### The task
Pick out the lines below that include the string "Working".

Data excerpts

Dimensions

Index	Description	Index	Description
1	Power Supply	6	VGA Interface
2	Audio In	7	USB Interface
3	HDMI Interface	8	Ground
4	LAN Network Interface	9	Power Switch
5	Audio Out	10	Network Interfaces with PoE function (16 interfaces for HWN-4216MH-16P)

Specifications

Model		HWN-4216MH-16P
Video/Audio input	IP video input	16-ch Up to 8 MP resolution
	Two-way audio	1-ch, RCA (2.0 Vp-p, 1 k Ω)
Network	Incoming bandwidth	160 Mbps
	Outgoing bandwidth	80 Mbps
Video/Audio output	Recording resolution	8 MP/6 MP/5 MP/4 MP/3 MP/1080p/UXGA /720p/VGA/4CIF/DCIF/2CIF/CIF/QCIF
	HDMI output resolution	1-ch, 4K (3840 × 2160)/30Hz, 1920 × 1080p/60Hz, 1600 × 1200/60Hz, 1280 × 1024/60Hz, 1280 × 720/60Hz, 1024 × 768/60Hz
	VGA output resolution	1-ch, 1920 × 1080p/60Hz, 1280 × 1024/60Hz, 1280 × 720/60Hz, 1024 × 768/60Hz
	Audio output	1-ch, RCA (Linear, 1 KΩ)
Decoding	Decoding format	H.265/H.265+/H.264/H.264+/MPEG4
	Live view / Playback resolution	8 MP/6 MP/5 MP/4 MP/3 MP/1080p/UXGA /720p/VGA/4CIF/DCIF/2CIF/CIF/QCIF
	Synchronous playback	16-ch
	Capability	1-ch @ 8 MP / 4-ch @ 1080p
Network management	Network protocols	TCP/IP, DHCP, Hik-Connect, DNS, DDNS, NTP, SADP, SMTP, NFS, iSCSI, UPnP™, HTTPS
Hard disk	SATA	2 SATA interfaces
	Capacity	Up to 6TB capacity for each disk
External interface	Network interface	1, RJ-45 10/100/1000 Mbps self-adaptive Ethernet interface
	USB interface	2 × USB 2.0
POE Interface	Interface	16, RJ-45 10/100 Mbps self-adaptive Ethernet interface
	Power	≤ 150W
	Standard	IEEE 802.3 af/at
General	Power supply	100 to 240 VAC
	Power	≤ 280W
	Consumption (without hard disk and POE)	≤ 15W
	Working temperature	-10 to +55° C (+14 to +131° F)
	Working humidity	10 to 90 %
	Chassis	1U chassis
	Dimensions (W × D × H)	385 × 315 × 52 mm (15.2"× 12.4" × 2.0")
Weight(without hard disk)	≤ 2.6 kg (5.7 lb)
...
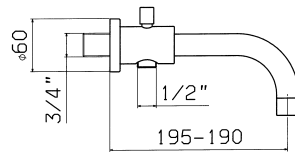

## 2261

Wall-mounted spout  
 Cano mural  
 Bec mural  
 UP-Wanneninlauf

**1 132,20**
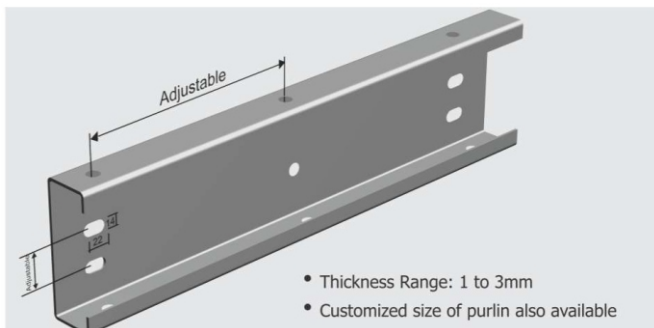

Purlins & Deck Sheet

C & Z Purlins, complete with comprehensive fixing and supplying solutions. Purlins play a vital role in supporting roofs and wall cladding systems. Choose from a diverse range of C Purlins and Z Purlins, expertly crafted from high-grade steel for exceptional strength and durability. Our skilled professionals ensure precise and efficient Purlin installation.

### Finished exercise
	Working temperature	-10 to +55° C (+14 to +131° F)
	Working humidity	10 to 90 %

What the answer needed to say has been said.